- Quamby Bend
- Coordinates: 41°29′03″S 146°51′45″E﻿ / ﻿41.4842°S 146.8624°E
- Population: 26 (2016 census)
- Postcode(s): 7292
- Location: 7 km (4 mi) N of Westbury
- LGA(s): Meander Valley
- Region: Launceston
- State electorate(s): Lyons
- Federal division(s): Lyons
Localities around Quamby Bend:
| Westbury | Selbourne | Selbourne |
| Westbury | Quamby Bend | Hagley |
| Westbury | Hagley, Westbury | Hagley |

= Quamby Bend, Tasmania =

Quamby Bend is a rural locality in the local government area (LGA) of Meander Valley in the Launceston LGA region of Tasmania. The locality is about 7 km north of the town of Westbury. The 2016 census recorded a population of 26 for the state suburb of Quamby Bend.

==History==
Quamby Bend was gazetted as a locality in 1968.

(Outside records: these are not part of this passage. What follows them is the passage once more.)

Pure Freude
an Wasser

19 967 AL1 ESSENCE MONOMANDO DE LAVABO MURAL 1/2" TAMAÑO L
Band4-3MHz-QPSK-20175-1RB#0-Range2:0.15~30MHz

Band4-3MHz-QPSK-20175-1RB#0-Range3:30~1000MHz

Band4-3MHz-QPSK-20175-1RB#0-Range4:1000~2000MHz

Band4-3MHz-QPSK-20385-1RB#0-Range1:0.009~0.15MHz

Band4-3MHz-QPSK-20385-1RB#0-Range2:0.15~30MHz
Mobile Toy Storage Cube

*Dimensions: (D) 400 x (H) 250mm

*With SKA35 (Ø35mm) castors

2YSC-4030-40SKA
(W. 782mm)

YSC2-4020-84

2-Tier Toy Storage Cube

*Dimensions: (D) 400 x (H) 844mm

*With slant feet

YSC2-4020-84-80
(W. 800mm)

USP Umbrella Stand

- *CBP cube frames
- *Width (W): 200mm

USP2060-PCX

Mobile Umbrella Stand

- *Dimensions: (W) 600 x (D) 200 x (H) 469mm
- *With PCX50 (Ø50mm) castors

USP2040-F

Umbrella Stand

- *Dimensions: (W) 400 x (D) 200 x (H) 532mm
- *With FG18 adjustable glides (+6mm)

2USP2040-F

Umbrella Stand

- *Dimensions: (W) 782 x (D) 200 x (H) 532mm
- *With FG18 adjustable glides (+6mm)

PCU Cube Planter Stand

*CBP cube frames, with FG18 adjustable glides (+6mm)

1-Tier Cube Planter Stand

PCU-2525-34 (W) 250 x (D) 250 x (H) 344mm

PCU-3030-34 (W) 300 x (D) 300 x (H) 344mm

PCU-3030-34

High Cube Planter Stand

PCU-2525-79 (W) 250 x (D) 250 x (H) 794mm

The name comes from Quamby Estate, the property established in the district by Sir Richard Dry, who was Premier of Tasmania from 1866 to 1869. It is believed to be an Aboriginal word for “mercy” or “stop”.

==Geography==
The Meander River forms the western, northern and part of the eastern boundaries.

==Road infrastructure==
National Route 1 (Bass Highway) passes to the south. Access to the locality is provided by Emu Plain Road.